Dataset entries
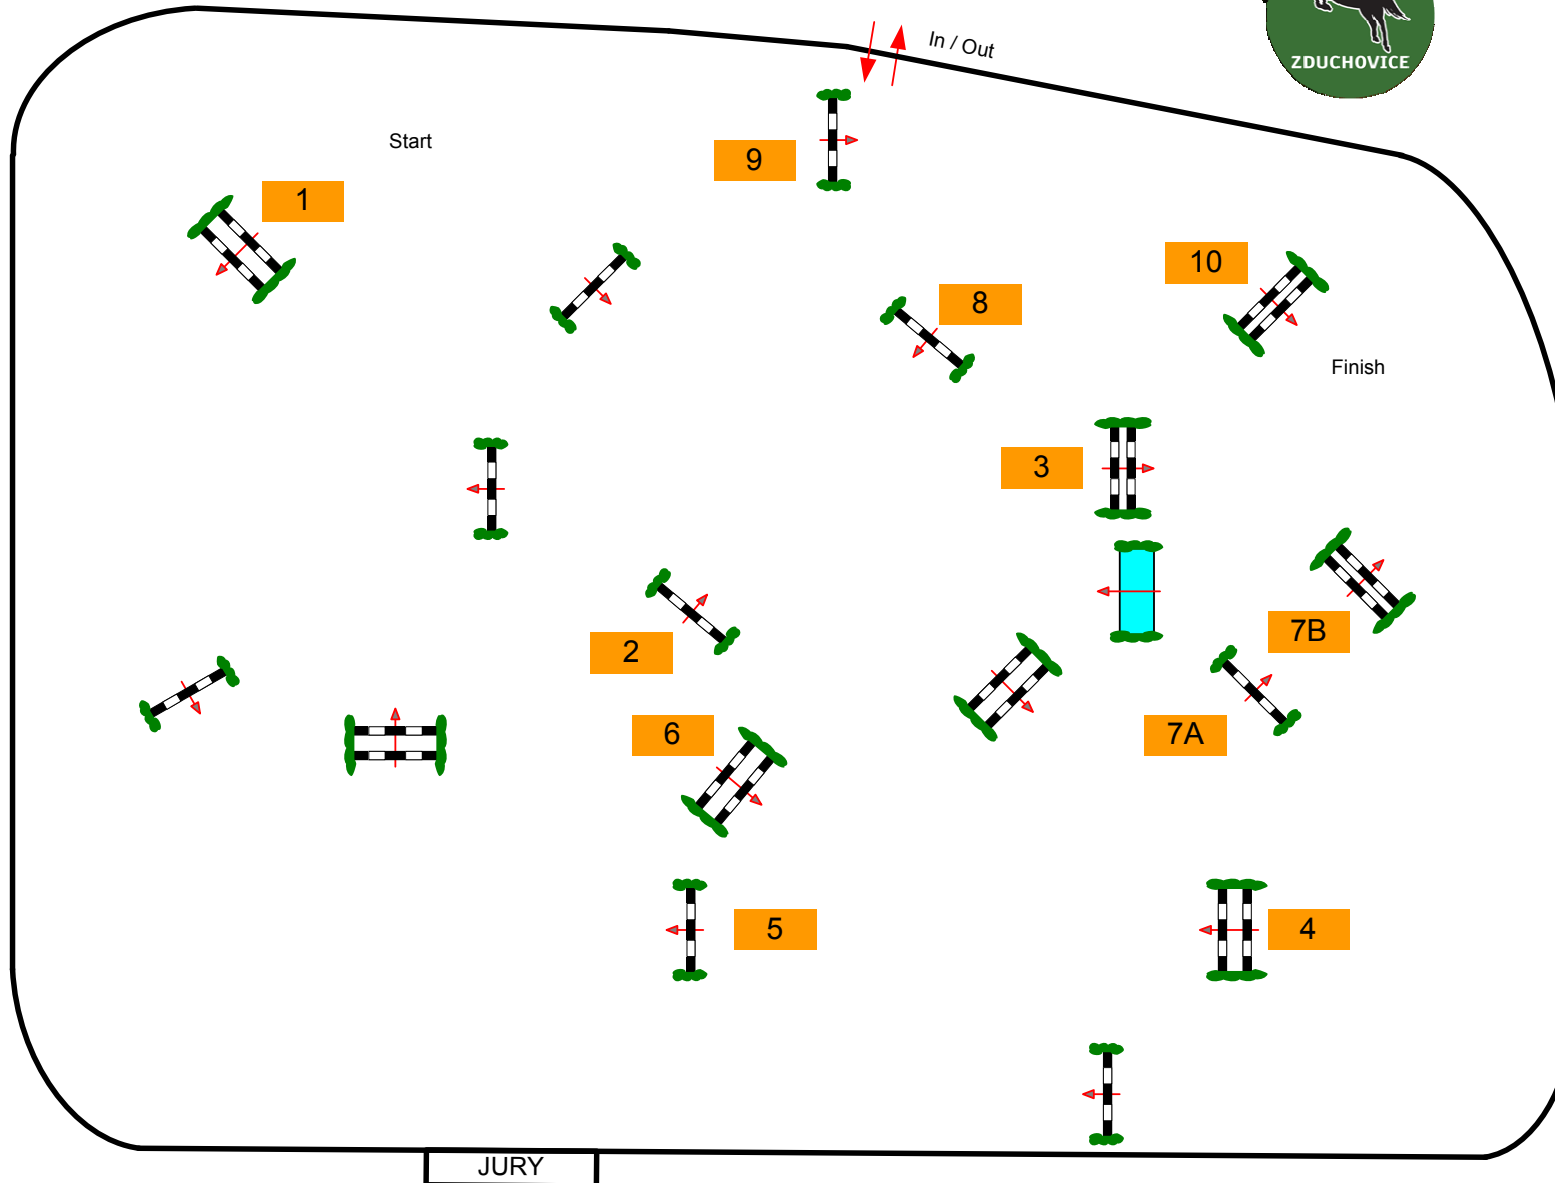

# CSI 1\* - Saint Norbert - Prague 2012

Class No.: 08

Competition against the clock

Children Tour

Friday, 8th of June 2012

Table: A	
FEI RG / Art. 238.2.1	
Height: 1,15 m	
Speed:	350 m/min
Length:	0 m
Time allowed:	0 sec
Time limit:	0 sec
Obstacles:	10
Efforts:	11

# ASSIGNMENT
Pictures aside, retype all of the entries word for word.

# OUTPUT OF THE TASK
# CSI 1\* - Saint Norbert - Prague 2012

Class No.: 08

Competition against the clock

Children Tour

Friday, 8th of June 2012

Table: A	
FEI RG / Art. 238.2.1	
Height: 1,15 m	
Speed:	350 m/min
Length:	0 m
Time allowed:	0 sec
Time limit:	0 sec
Obstacles:	10
Efforts:	11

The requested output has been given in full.